Nossa Opinião: Brasil, não mostre a sua cara

A Coalizão Direitos na Rede (CDR) vem, há anos, desenvolvendo a campanha Tire Meu Rosto da Sua Mira, que tem como objetivo central o banimento total das tecnologias de reconhecimento facial no contexto da segurança pública.
Essas tecnologias, cada vez mais disseminadas, não possuem eficácia comprovada e, por se basearem em dados probabilísticos, frequentemente cometem erros, especialmente contra pessoas negras e mulheres. Reproduzem e ampliam, no ambiente digital, as discriminações estruturais do chamado “mundo real”.
A campanha alerta ainda que o aparente apoio popular a essas tecnologias se dá por uma promessa ilusória de segurança. No entanto, o que se entrega, na prática, é “uma vigilância seletiva, racializada, cara e falha”. Mais do que isso: “quando funcionam ‘bem’, promovem vigilância em massa e reforçam o seletivismo penal”, agravando desigualdades históricas e aprofundando a criminalização da pobreza e da dissidência.
Essa lógica de vigilância se insere no contexto mais amplo do que se chama capitalismo de vigilância, uma forma de exploração baseada na coleta e comercialização de dados pessoais.
Criminalização do direito de protesto
Imagine, por exemplo, que você participe de uma manifestação pacífica e tenha seu rosto captado por uma câmera de reconhecimento facial. Se essa informação for compartilhada, intencionalmente ou não, com sua empresa ou seu chefe, que possuam uma visão política contrária à sua, o que poderá acontecer com seu emprego? Com sua reputação?

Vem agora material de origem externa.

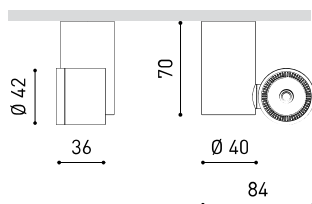

ACCESSORIES

AWARDS

Silver Delta
ADI Awards
2016

DESIGN
AWARD
2017

PREMIO
ADCV 2017
ORO

GOOD
DESIGN

PRODUCT

Name	IO SURFACE 20° 3000K NT
Reference	A2630011NT
Color	Textured black
RAL	9005
Category	SURFACE

LIGHT SOURCE

Type	LED
Gross luminous flux	505 lm
Colour temperature	3000 K
Chromatic stability	MacAdam Step 2
Colour Rendering Index	CRI > 90
Power	4,5 W
Current	500 mA
Efficacy	112 lm/W
LED lifespan	L90B10 > 55.000h

LIGHTING FIXTURE | PHOTOMETRIC DATA

Lighting efficiency	92%
Light beam angle	20°

LIGHTING FIXTURE | ELECTRICAL DATA

Driver	Included - Connected
Power values of the system	6,34 W
Voltage	220V/240V
Frecuency	50/60 Hz
Dimming	No Dim
Electrical insulation class	⊕

OTHER DATA

Sealing	IP20
Swivel angle	325°
Rotation angle	355°
Weight	170 g
Packaged weight	215,2 g
Packaging dimensions	116 x 105,5 x 56 mm
Units per package	1
Materials	Aluminium / Polycarbonate

"Io" is a LED spotlight miniaturised in a fixture that is so small that it fits on the palm of your hand. Designed for accent lighting applications, its small dimensions mean it can be fitted in display cabinets, shop windows and small places without generating an invasive presence on the scene.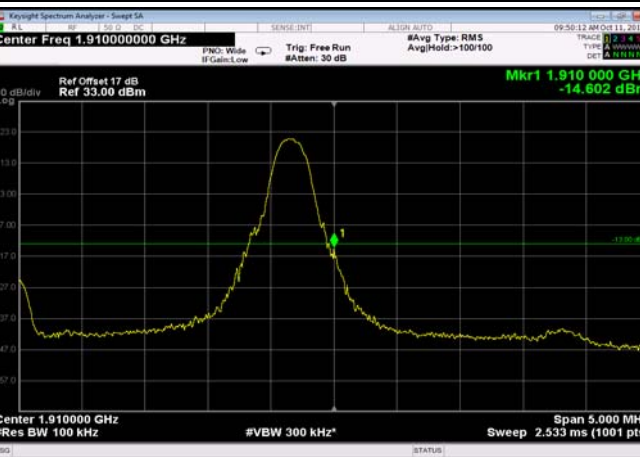

HighRange\_FDD02\_3MHz\_1908.5\_OneRB  
\_high\_Q16

HighRange\_FDD02\_3MHz\_1908.5\_fullIRB  
\_High\_QPSK 20 21

HighRange\_FDD02\_3MHz\_1908.5\_fullIRB  
\_High\_Q16

HighRange\_FDD02\_5MHz\_1907.5\_OneRB  
\_high\_QPSK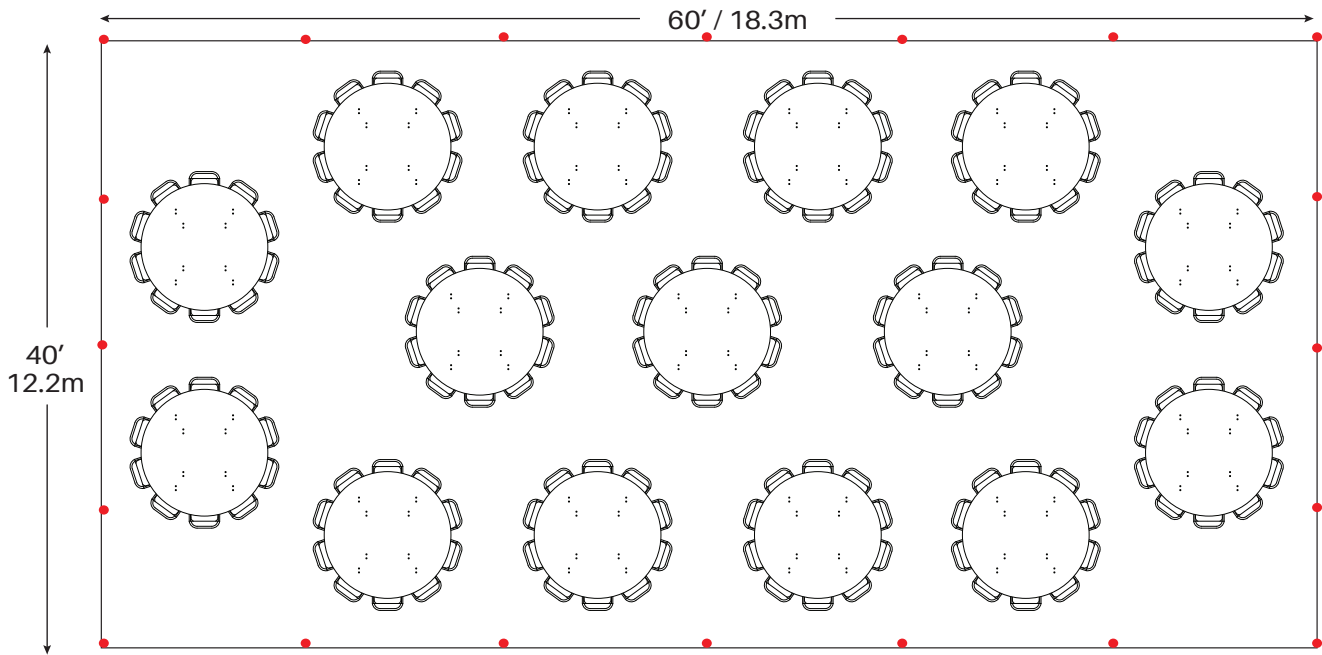

Event & Party Layout 40' x 60' / 12.2m x 18.3m Frame Tent

15 - 72" Round Tables
150 - Chairs

20 - 60" Round Tables
120 - Chairs

● = Legs

Minimum Seating Layouts

Event & Party Layout 40' x 60' / 12.2m x 18.3m Frame Tent

30 - 8' Banquet Tables
300 - Chairs

38 - 6' Banquet Tables
228 - Chairs

● = Legs

Minimum Seating Layouts

Event & Party Layout 40' x 60' / 12.2m x 18.3m Frame Tent

Cathedral Seating - 342 Chairs

● = Legs

Minimum Seating Layouts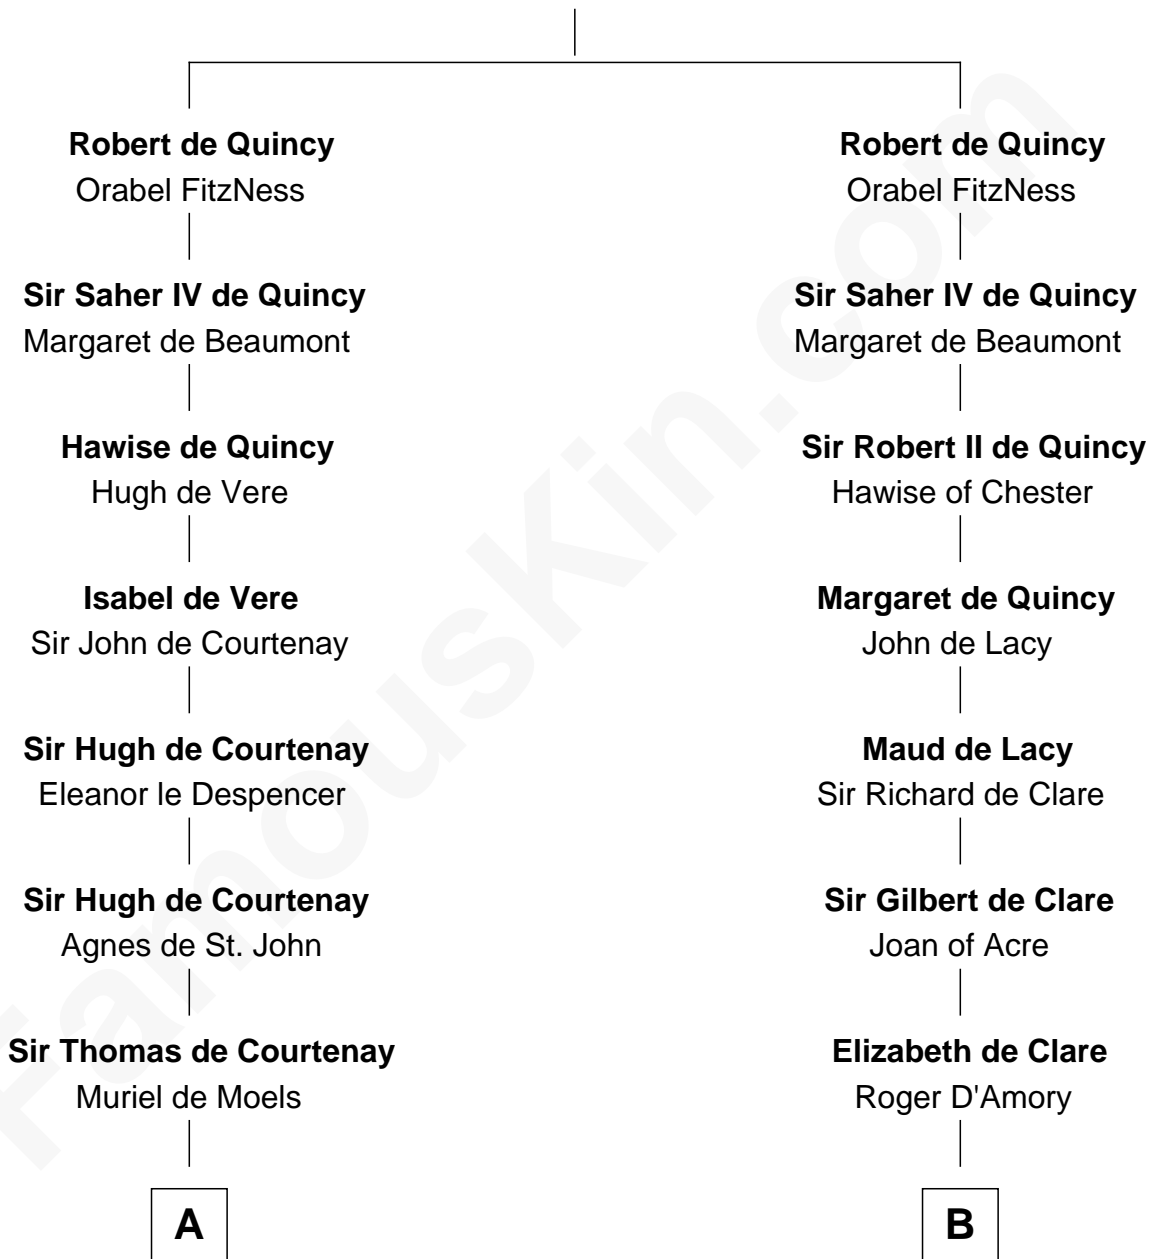

FamousKin.com
Relationship Chart of
William C. C. Claiborne
1st Governor of Louisiana

21st cousin of
Fletcher Christian
Leader of the mutiny on the Bounty

Saher I de Quincy
 Maud de St. Liz

C

Ann West
Henry Fox

Ann Fox
Thomas Claiborne

Nathaniel Claiborne
Jane Cole

William Claiborne
Mary Leigh

William C. C. Claiborne
1st Governor of Louisiana

D

Mary Huddleston
John Senhouse

Humphrey Senhouse
Eleanor Kirkby

Bridget Senhouse
John Christian

Charles Christian
Anne Dixon

Fletcher Christian
Leader of the mutiny on the Bounty

Nesse cenário, direitos constitucionais básicos, como o de ir e vir, o direito à privacidade, à reunião e à livre expressão, passam a ser flexibilizados, ou até mesmo desrespeitados.
“A possibilidade de ser alvo de vigilância permanente pode levar as pessoas a mudarem seus comportamentos, assumindo uma postura de autocensura, assim, mobilizações legítimas podem ser inibidas. A autocensura pode atingir de maneira mais profunda grupos mais vulnerabilizados pela repressão e pela violência estatal. Em casos limites, o uso dessas tecnologias pode ensejar até mesmo a criminalização do direito de protesto,” afirma a Campanha da Coalizão Direitos na Rede.
A gravidade do tema é evidente. Não se trata apenas de tecnologia, mas de democracia, equidade e liberdade. Por tudo isso, essas ferramentas devem ser banidas do uso na segurança pública brasileira. O futuro não pode ser construído sobre a vigilância, o medo e a desigualdade.